Last weekend, McCain was endorsed by John Bolton, the former U.S. ambassador to the United Nations and a darling of American and Israeli conservatives.

“McCain lays out a very hard line on Iran and Hamas, and he is, of course, tough on Iraq,” said Bruce Riedel, a senior fellow at the Brookings Institution who directed Middle Eastern affairs at the National Security Council until 2002. “McCain never explains why going to war in Iraq made sense — only that now that we are there and we must stay indefinitely. In short, his policy looks like Bush’s.”

But while his rhetoric on Iraq, Iran and North Korea can be tougher than Bush’s, McCain makes it clear that, unlike Bush, he would draw on foreign policy expertise acquired during his decades in Congress. And although he is the scion of a military family, spent five years as a prisoner of war in North Vietnam, supported both Gulf Wars and wants to expand the army, his aides say he is not gung-ho to plunge the country into another war.

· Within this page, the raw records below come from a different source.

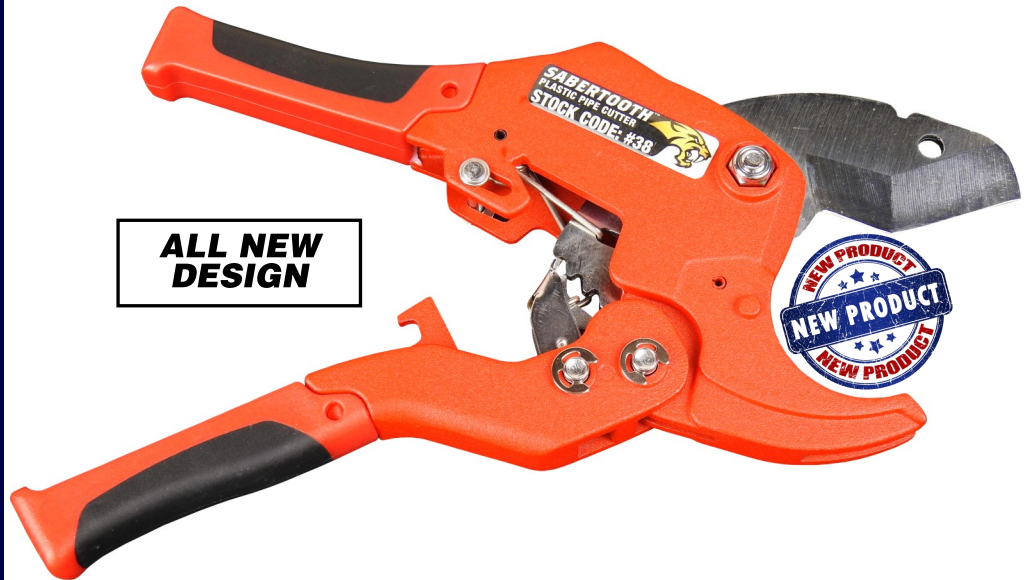

# PLUMB-PRO

Cuts PVC, including thin wall, CPVC, ABS, PE, polypropylene (PP-R) and PEX pipe and tubing.

Cam Ratchet Prevents Slipping

Ergonomic Rubber Grips

Easy Locking Blade

**ALL NEW DESIGN**

- Compact One Hand Operation
- Self Retracting Razor Sharp Blade
- "V" Blade is Ideal for Piercing Thin Wall Pipe
- Extremely Durable Lightweight Die Cast Aluminum
- Cuts All Types of Plastic Pipe and Conduit Through 1-1/4" (31.8mm)

Stock Code	Size	Container	Items/Case
#38	1-1/4" Pipe Ratchet Cutter	Bagged & Boxed	3
#39	1-1/4" Blade for #38	Bagged & Boxed	3
#40	Spring set for #38 (2 per set)	Bagged & Boxed	3
#39-KIT	Complete Repair Kit: #39 Blade and #40 Spring	Bagged & Boxed	3
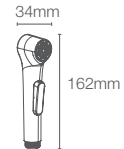

Health faucet with hose and bracket in polished chrome
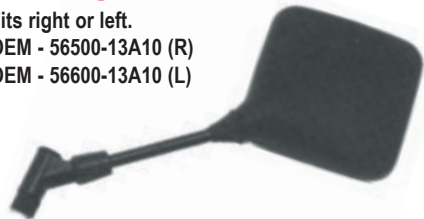

SUZUKI

OEM REPLICA MIRRORS

DR AND SP

- Fits right or left.
- OEM - 56500-13A10 (R)
- OEM - 56600-13A10 (L)

PART#S	Description	MFR#	VL#	Retail
	Right	20-78201	61-4066	\$10.78
	Left	20-78202	61-4067	\$10.78

KATANA 88-97

- Sold individually.
- Fits GSX600/750 Katana '88-97
- Ref. OEM # 56500-20C41/19C00 (R)
- Ref. OEM # 56600 20C41/19C00 (L)

PART#S	Description	MFR#	VL#	Retail
	RIGHT	20-78271	61-4120	\$20.38
	LEFT	20-78272	61-4125	\$20.38
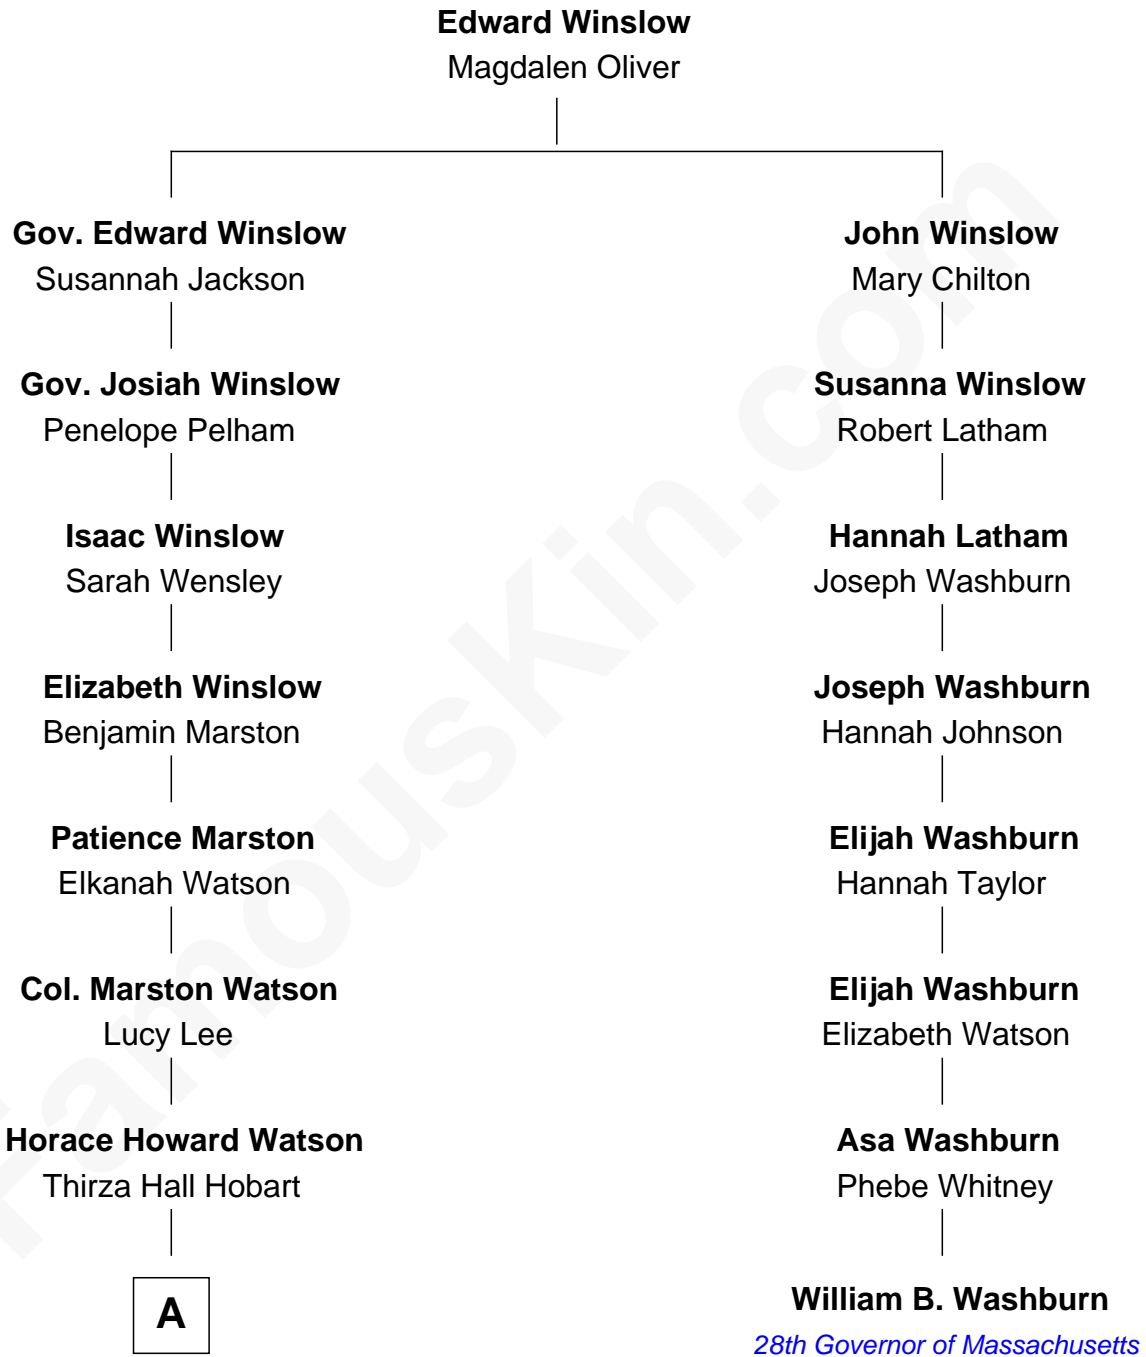

## Relationship Chart of

### John Cena

Movie Actor and WWE Pro Wrestler

7th cousin 5 times removed of

### William B. Washburn

28th Governor of Massachusetts

**A**

—  
**Agnes Lee Watson**

Charles Nichols

—  
**Charles H. Nichols**

Martha Emma Dix

—  
**Charles Nichols**

“This is a gross mischaracterization put out by his political opponents,” said Scheunemann. “He has made it very clear that the best way to deal with Iran is an effective sanctions regime, and that war is only a last resort.”

Scheunemann said McCain supports Bush’s goal of establishing two states for Israelis and Palestinians, but he is concerned about the lack of a strong Palestinian negotiating partner. McCain believes an “active U.S. engagement is critical to solve the issue,” the aide added.